(Records from a collection)
- Opening Delimiter -
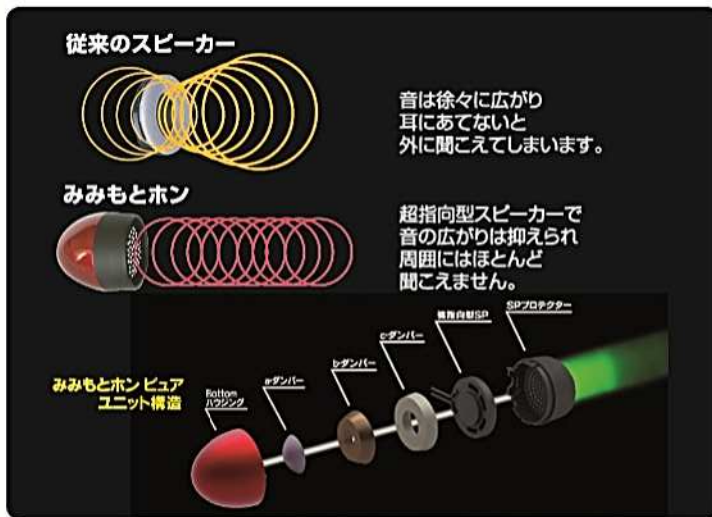

エムケー電子株式会社

従来のイヤホン・ヘッドホンとはココが違う！

■密閉型

- × 音の逃げ場がなく鼓膜などに負担
- × 周囲の音が聞こえにくい
- × 耳が疲れやすい

■オープンエア型

- × ヘッドホンの外側の音も聞こえるが、内側の音も外に漏れる
- × 耳や頭への圧迫感が大きい
- × 重量があるので疲れやすい

■みみもとホン ピュア

- ◎ 耳に密着せず、鼓膜の負担を軽減
- ◎ 周囲の音も聞こえる
- ◎ 超指向型スピーカーと特殊構造が音漏れを抑制
- ◎ ふさがりからムレず、自然なつけ心地

耳にやさしく、音漏れも気にならない理由

超指向型スピーカーを採用
 特殊なダンパーと構造でその指向性をさらに高め、音漏れは最小限に抑えます。

〈耳穴のモデル図〉

この隙間が
 耳に優しい

いろいろな場所で活躍

BGMと一緒に鳥の
 さえずりも聞きながら
 ウォーキング

周りの気配が
 感じられるから
 安心

車の近づく気配
 など周囲の音が
 聞こえて安全

角度調整機能

イヤークラッド (別部品) を使えば

それぞれのカタチに
 合わせピッタリ固定

みみもとホンピュア装着時の
 ぐらつきを抑え、
 フィット感を高めます。

主な仕様

- スピーカー……………φ20mm ダイナミック型
- 音圧感度……………112dB/mW
- 再生周波数帯域……100~10000Hz
- インピーダンス……32Ω
- 最大入力……………5mW
- コード長……………約 1.2m
- コードタイプ………ストレート
- 入力プラグ……………金メッキ φ3.5 ステレオミニプラグ
- 外形寸法……………約 幅 117.5× 奥行き 152.5× 高さ 51.5mm
- 質量……………約 30g
- Closing Delimiter -
§ **Problem details**
Write out each entry exactly; any pictures stay out of the copy.

§ **Exercise solution**
エムケー電子株式会社

従来のイヤホン・ヘッドホンとはココが違う！

■密閉型

- × 音の逃げ場がなく鼓膜などに負担
- × 周囲の音が聞こえにくい
- × 耳が疲れやすい

■オープンエア型

- × ヘッドホンの外側の音も聞こえるが、内側の音も外に漏れる
- × 耳や頭への圧迫感が大きい
- × 重量があるので疲れやすい

■みみもとホン ピュア

- ◎ 耳に密着せず、鼓膜の負担を軽減
- ◎ 周囲の音も聞こえる
- ◎ 超指向型スピーカーと特殊構造が音漏れを抑制
- ◎ ふさがりからムレず、自然なつけ心地

耳にやさしく、音漏れも気にならない理由

超指向型スピーカーを採用
 特殊なダンパーと構造でその指向性をさらに高め、音漏れは最小限に抑えます。

〈耳穴のモデル図〉

この隙間が
 耳に優しい

いろいろな場所で活躍

BGMと一緒に鳥の
 さえずりも聞きながら
 ウォーキング

周りの気配が
 感じられるから
 安心

車の近づく気配
 など周囲の音が
 聞こえて安全

角度調整機能

イヤークラッド (別部品) を使えば

それぞれのカタチに
 合わせピッタリ固定

みみもとホンピュア装着時の
 ぐらつきを抑え、
 フィット感を高めます。

主な仕様

- スピーカー……………φ20mm ダイナミック型
- 音圧感度……………112dB/mW
- 再生周波数帯域……100~10000Hz
- インピーダンス……32Ω
- 最大入力……………5mW
- コード長……………約 1.2m
- コードタイプ………ストレート
- 入力プラグ……………金メッキ φ3.5 ステレオミニプラグ
- 外形寸法……………約 幅 117.5× 奥行き 152.5× 高さ 51.5mm
- 質量……………約 30g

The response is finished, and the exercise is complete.